Шрифт:
Цветущее личико Доры очаровательно выглядывало из белоснежных подушек и перин, на которых, оставляя в пуху глубокие ямки, лежали в беспорядке принесенные апельсины. О, этот прелестный пухленький детский рот! Эти мелкие, но уже чуть ли не сознательно красивые и грациозные движения! Этот просительный, милый нежный голосок, эта доверчивость! Да, Дора, ты можешь доверять без опаски, навстречу тебе лицо матери всегда сияет добротою.
А Сильви… бедная горемыка. Разве этой девочке когда-нибудь вздумается просить, чтоб ей принесли из лавки апельсинов? Ни в коем случае. Она слишком хорошо знает, что, кого бы она ни попросила, в просьбе ей, скорей всего, откажут. Да и просьбы ее были вовсе не просьбы, а обыкновенная бормочущая зависть. Она просила, только когда Дора давно уже получила то, что хотела. Чтобы у нее у первой возникло какое-либо желание — такого еще не бывало. Желания Сильви сплошь были копиями; ее выдумки были не выдумками, а подражаниями тому, что приходило в голову Доре. Свежие мысли рождаются лишь в незамутненных детских душах, в забитых и презираемых — никогда. Подлинная просьба всегда первична, а не вторична, равно как и подлинное произведение искусства. Сильви же была вторична, третична и даже, может быть, семерична. Все, что она говорила, лепилось и выпекалось из ненастоящего теста, а все, что она делала, было лишено свежести. Сильви казалась дряхлой старушкой, в ее-то нежном возрасте! Какая несправедливость!
С минуту Йозеф, глядя на Дору, предавался таким вот размышлениям. Ведь, глядя на Дору, вполне можно было составить себе отчетливое представление о ее антиподе и тогда было вовсе незачем обращать испытующий и сравнивающий взор на Сильви.
До чего же грустно! Эти два неравных ребенка. От таких мыслей Йозефу было впору громко вздохнуть. Когда Дору взяли на руки, чтобы отнести в кроватку, он подошел к ней и так растрогался, глядя на это кокетливо-невинное существо, что не мог не поцеловать ее маленькую ручку. Этим восхищенным поцелуем он словно желал отдать должное обеим — и Доре, и Сильви. Но как, как он мог на деле доказать свою преданность Сильви? Увы, никак. Вот и попытался хотя бы мысленно сказать что-то утешительное и почтительное малолетней заброшенной горемыке, как бы вложил губами это невысказанное в руку сестринской любви и природного милосердия.

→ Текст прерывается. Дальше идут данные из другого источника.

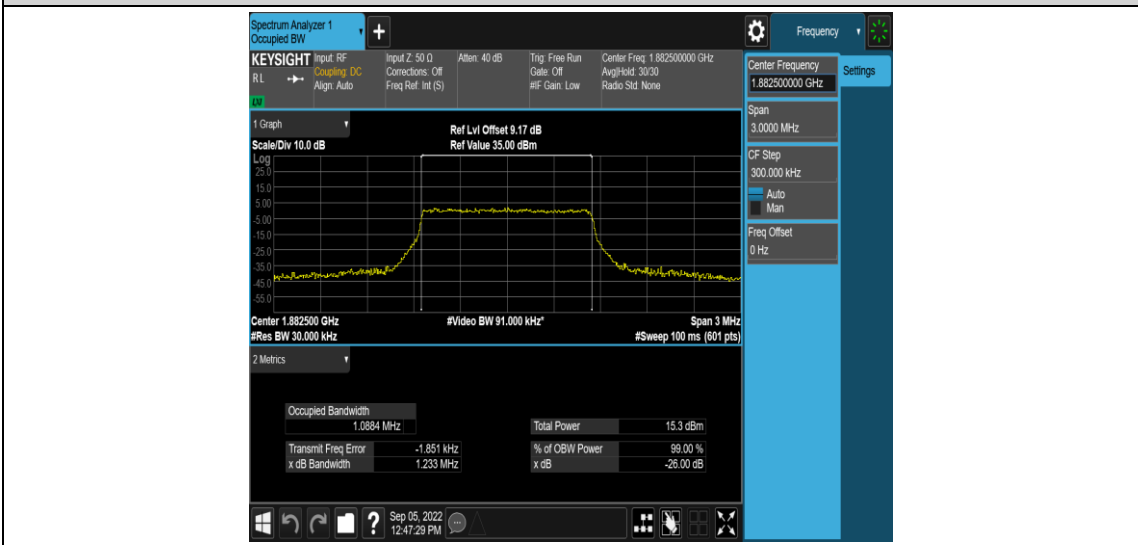

Band25-1.4MHz-16QAM-26365-6RB#0

Г-жа Тоблер это заметила. И весьма одобрила. «Забавный человек, этот Марти! — подумала она. — Вчера вечером выбранил меня за Сильви, а теперь, изволите видеть, сам влюбился в Дору». Она благосклонно улыбнулась и сказала Доре, чтобы та как следует мыла руки, если хочет и впредь получать такие поцелуи, и засмеялась.
Сильви она с натянутой миной пожелала доброй ночи и сказала, что та должна лучше следить за собой и больше не давать маме повода для строгостей, тогда все будет в порядке. Просто беда, что ее вечно приходится одергивать и то и дело наказывать. В конце концов, она имеет право ждать от дочери послушания и хорошего поведения. Ведь Сильви растет, она уже большая девочка. Ну а теперь марш к себе.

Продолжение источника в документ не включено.